____ Given records
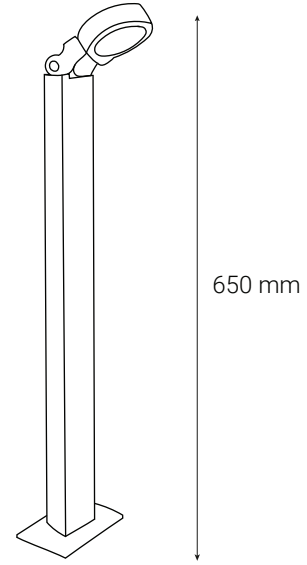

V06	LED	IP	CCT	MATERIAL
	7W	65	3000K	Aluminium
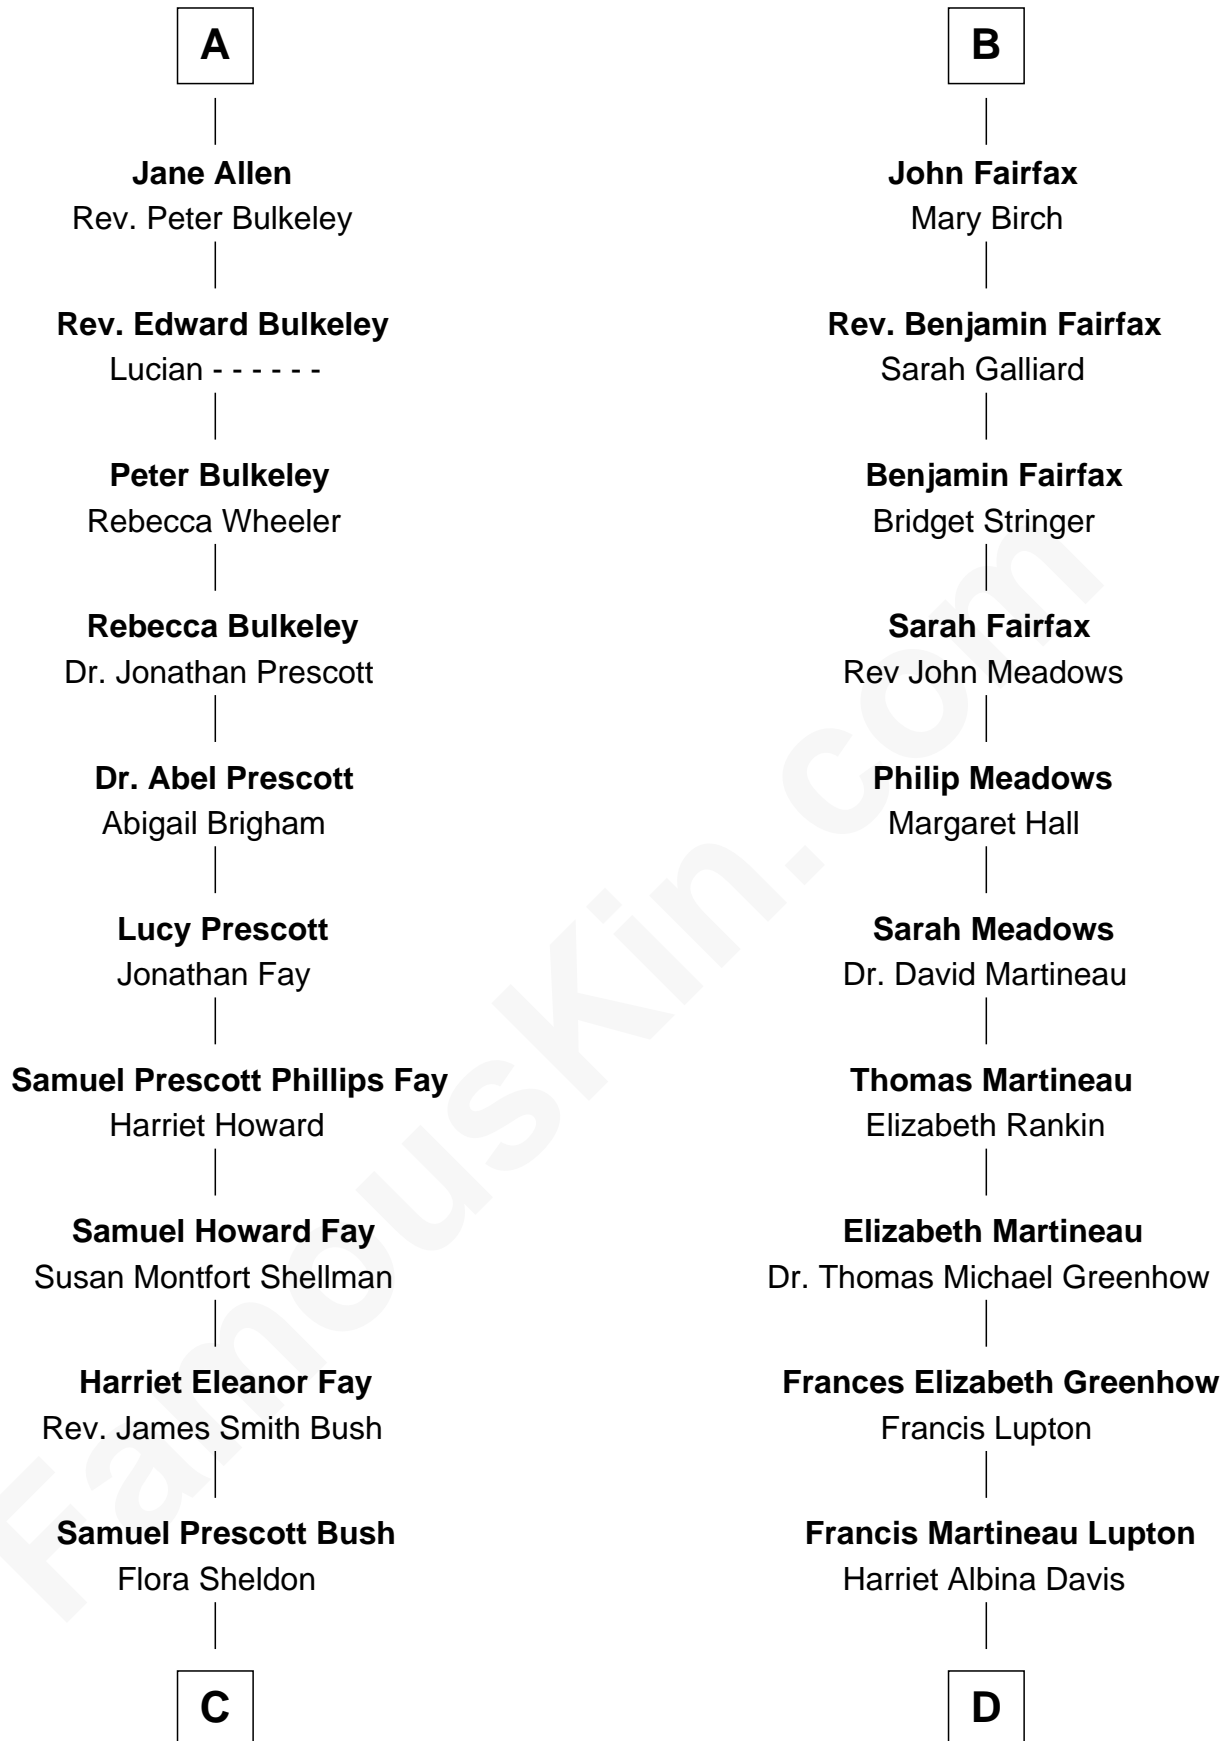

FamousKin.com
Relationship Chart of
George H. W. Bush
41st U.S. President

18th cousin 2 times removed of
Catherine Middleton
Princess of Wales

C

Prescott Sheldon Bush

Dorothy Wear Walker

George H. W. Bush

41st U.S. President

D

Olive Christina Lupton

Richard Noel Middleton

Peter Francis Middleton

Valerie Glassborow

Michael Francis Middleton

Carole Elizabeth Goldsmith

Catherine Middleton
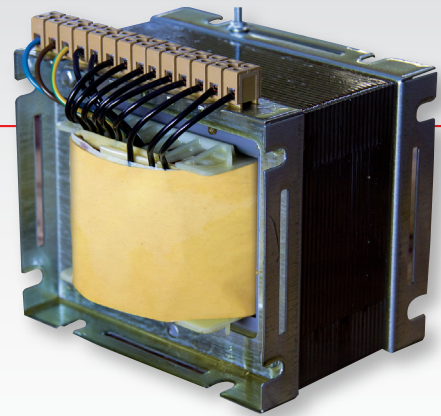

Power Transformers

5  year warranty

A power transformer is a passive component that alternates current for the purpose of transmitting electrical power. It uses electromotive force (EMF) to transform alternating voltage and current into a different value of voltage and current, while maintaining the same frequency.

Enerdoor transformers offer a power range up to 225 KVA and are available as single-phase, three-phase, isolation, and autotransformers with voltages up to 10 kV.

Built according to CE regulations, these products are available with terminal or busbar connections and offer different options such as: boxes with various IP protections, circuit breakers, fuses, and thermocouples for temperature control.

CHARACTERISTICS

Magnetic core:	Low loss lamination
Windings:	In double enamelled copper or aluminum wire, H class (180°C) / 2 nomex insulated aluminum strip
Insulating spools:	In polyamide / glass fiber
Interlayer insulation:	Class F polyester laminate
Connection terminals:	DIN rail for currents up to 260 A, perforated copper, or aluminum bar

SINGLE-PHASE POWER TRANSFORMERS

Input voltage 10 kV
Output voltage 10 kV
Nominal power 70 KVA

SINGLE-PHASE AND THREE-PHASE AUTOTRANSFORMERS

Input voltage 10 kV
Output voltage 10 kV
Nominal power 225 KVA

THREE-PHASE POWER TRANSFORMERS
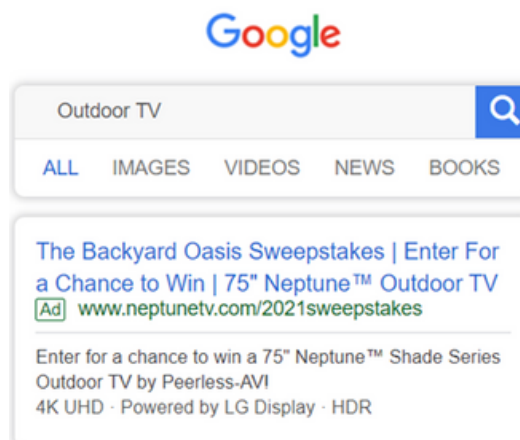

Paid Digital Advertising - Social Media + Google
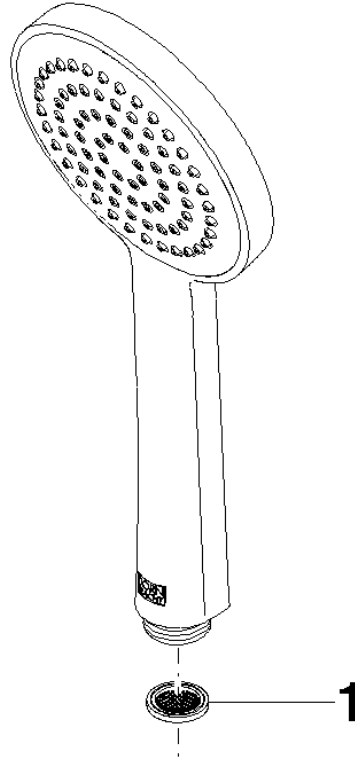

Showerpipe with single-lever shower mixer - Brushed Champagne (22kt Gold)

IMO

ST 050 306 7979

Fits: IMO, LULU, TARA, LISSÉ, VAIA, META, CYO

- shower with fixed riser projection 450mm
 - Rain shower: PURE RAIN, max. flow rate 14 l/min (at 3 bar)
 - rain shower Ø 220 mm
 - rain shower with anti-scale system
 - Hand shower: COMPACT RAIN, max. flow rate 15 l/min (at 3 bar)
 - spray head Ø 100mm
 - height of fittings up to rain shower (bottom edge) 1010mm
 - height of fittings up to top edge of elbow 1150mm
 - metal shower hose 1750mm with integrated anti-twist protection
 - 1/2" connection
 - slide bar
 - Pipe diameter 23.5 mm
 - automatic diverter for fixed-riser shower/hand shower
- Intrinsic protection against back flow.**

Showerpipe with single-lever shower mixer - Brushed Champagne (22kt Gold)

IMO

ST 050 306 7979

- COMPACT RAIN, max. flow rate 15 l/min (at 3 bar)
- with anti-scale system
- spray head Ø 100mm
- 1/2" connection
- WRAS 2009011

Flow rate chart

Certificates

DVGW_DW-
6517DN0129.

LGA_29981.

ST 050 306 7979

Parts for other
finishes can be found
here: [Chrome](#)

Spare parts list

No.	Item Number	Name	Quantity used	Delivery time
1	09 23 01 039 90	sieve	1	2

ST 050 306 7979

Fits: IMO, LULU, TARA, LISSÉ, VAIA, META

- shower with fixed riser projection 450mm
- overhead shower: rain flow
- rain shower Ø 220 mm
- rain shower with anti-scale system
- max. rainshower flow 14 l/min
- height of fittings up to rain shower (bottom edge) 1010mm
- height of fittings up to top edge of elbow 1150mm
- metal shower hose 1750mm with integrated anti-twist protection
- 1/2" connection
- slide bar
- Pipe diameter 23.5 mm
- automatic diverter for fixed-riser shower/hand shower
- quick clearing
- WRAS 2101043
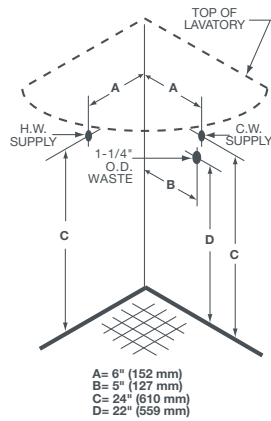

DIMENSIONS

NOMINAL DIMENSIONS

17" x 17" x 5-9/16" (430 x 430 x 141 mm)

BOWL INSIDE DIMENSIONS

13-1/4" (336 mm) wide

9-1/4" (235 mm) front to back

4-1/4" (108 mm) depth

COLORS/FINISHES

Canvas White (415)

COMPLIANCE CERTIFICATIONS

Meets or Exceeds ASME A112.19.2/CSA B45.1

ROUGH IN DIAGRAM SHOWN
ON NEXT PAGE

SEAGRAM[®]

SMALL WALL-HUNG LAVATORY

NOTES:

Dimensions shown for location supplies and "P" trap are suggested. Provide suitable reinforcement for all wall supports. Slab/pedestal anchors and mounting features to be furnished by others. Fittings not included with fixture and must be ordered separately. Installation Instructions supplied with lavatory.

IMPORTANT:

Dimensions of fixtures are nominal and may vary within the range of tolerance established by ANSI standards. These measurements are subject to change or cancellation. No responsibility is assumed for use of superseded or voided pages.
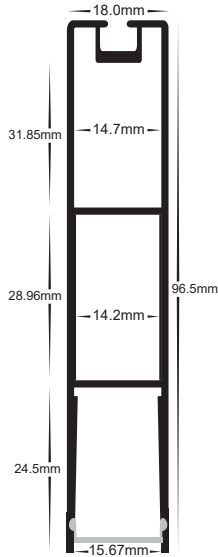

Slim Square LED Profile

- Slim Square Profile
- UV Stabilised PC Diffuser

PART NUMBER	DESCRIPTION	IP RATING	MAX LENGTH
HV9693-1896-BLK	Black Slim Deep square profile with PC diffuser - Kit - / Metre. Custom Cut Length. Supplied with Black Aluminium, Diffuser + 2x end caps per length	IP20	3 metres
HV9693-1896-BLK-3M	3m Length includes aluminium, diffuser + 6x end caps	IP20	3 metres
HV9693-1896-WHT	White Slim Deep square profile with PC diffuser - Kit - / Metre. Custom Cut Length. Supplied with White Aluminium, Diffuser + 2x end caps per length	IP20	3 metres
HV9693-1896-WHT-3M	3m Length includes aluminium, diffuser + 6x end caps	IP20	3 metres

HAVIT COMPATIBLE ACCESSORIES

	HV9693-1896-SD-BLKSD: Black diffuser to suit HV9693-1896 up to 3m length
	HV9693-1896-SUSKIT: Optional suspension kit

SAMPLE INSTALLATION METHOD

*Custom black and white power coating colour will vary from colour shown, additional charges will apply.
________
Exercise goal
Determine how many lines of the data above contain the string "back", and give the result with nothing else.

Your response
2